[Saved entries]
○ ○ ○
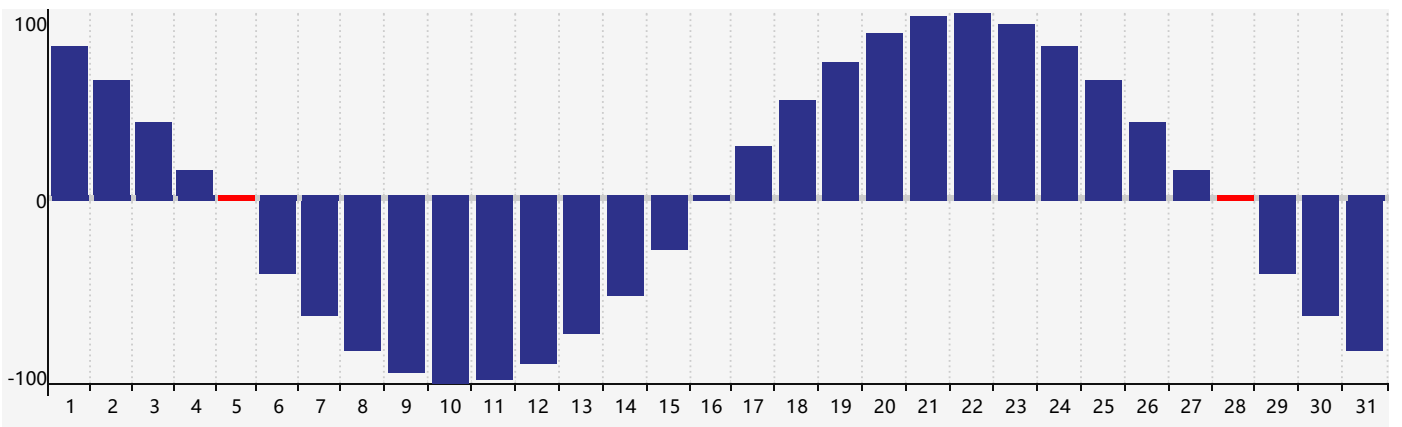

March 2023 Intellectual Biorhythm Charts

March 2023 Emotional Biorhythm Charts

March 2023 Physical Biorhythm Charts

March 2023

SUN	MON	TUE	WED	THU	FRI	SAT
26	27	28	1	2	3	4
5 Physical	6	7	8	9	10	11
12	13	14	15	16	17	18
19	20	21 Emotional	22	23 Intellectual	24	25
26	27	28 Physical	29	30	31	1
○ ○ ○
» Action item: Looking over the records, find each line with the word "Physical" and copy it.

» Written reply:
March 2023 Physical Biorhythm Charts
5 Physical	6	7	8	9	10	11
26	27	28 Physical	29	30	31	1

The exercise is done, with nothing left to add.